High-capacity Ca2+ Binding of Human Skeletal Calsequestrin

Calsequestrin, the major calcium storage protein in both cardiac and skeletal muscle, binds large amounts of Ca2+ in the sarcoplasmic reticulum and releases them during muscle contraction. For the first time, the crystal structures of Ca2+ complexes for both human (hCASQ1) and rabbit (rCASQ1) skeletal calsequestrin were determined, clearly defining their Ca2+ sequestration capabilities through resolution of high- and low-affinity Ca2+-binding sites. rCASQ1 crystallized in low CaCl2 buffer reveals three high-affinity Ca2+ sites with trigonal bipyramidal, octahedral, and pentagonal bipyramidal coordination geometries, along with three low-affinity Ca2+ sites. hCASQ1 crystallized in high CaCl2 shows 15 Ca2+ ions, including the six Ca2+ ions in rCASQ1. Most of the low-affinity sites, some of which are μ-carboxylate-bridged, are established by the rotation of dimer interfaces, indicating cooperative Ca2+ binding that is consistent with our atomic absorption spectroscopic data.

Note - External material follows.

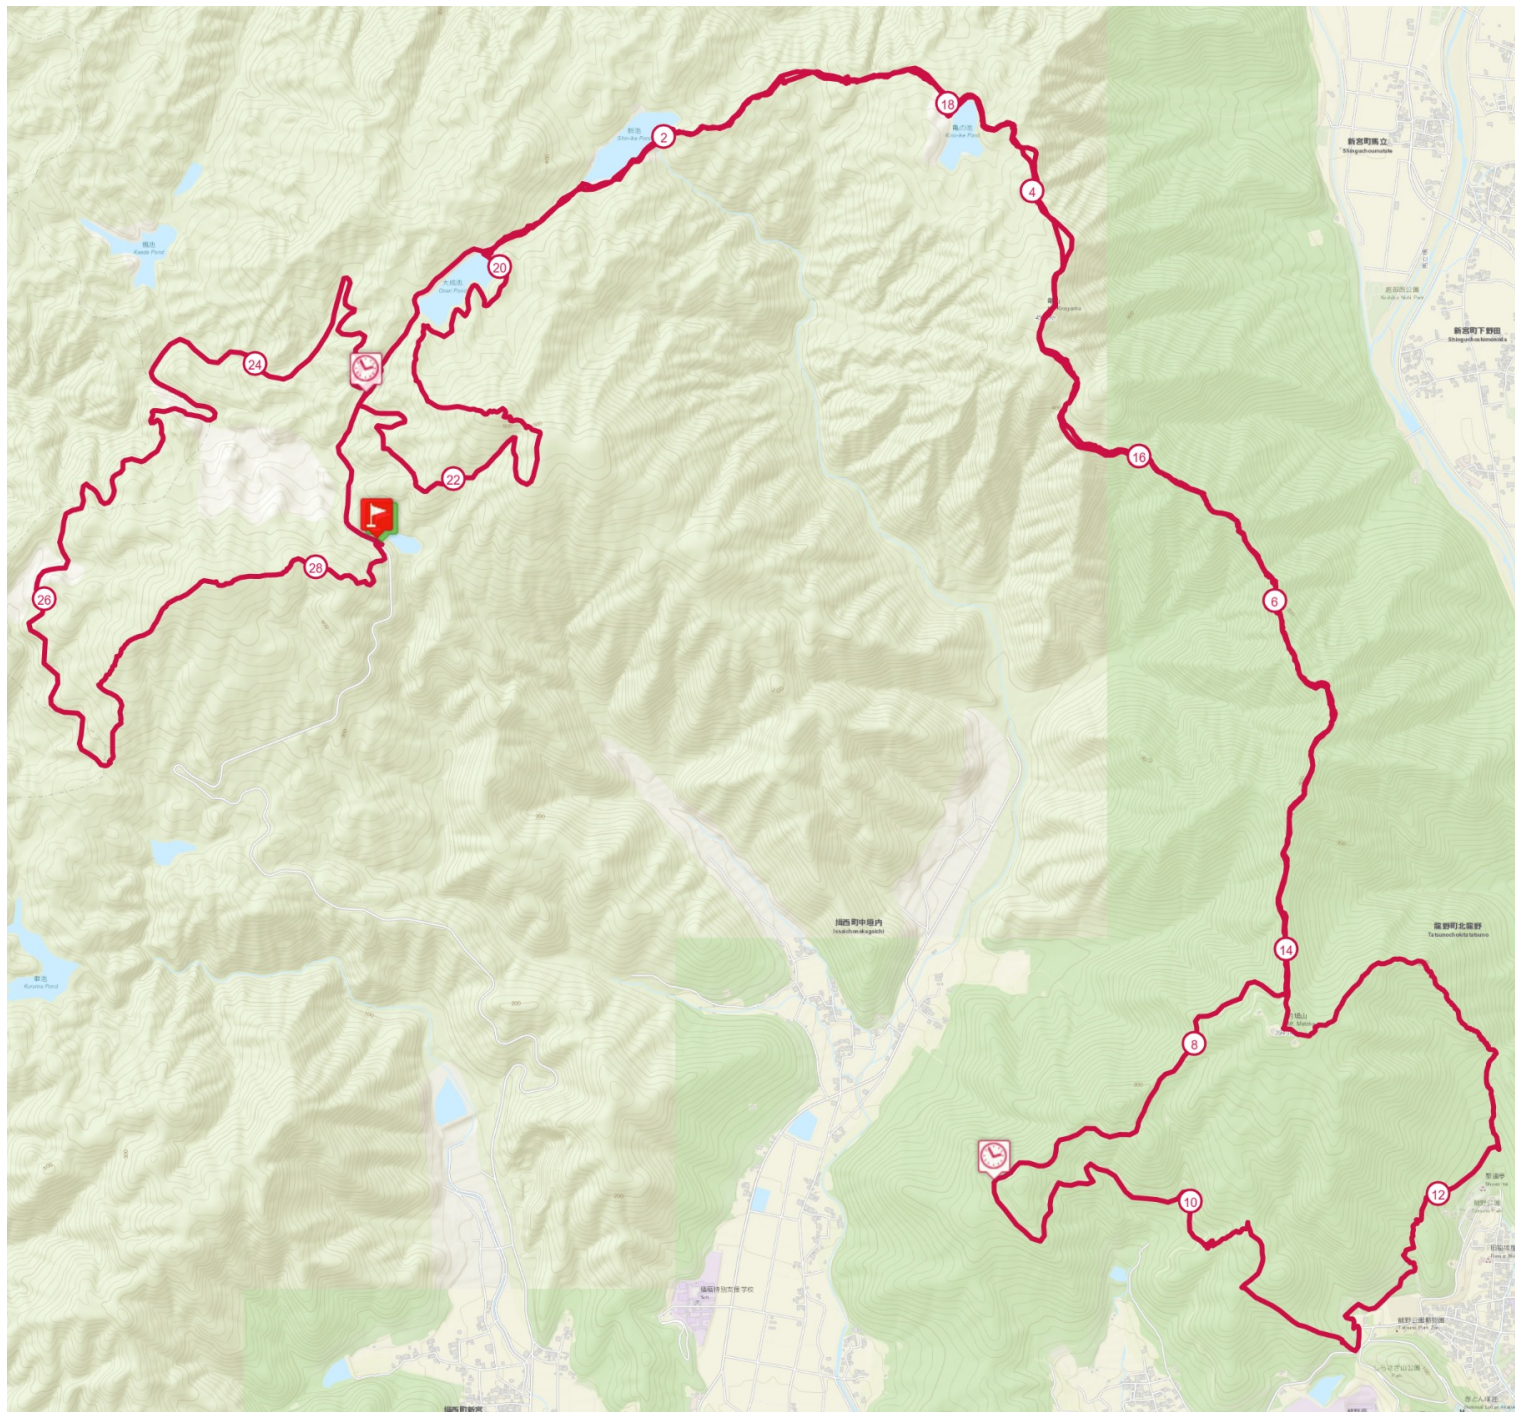

Get this track on your mobile with the app TrailConnect. To read more : <http://trailconnect.run>

<https://tracedetail.com>

> 10% > 20% > 30%

On the basis of these findings, we propose a mechanism for the observed in vitro and in vivo dynamic high-capacity and low-affinity Ca2+-binding activity of calsequestrin. Background: Calsequestrin is a calcium storage/buffer protein within the sarcoplasmic reticulum and binds large amounts of Ca2+ in a unique manner. Results: The specific coordination, geometry, and cooperative effects of Ca2+ binding were determined. Conclusion: The oligomeric state of calsequestrin is directly related to high-capacity Ca2+ binding. Significance: This is the first report of specific Ca2+ coordination sites in calsequestrin and provides a pathological link to related disorders.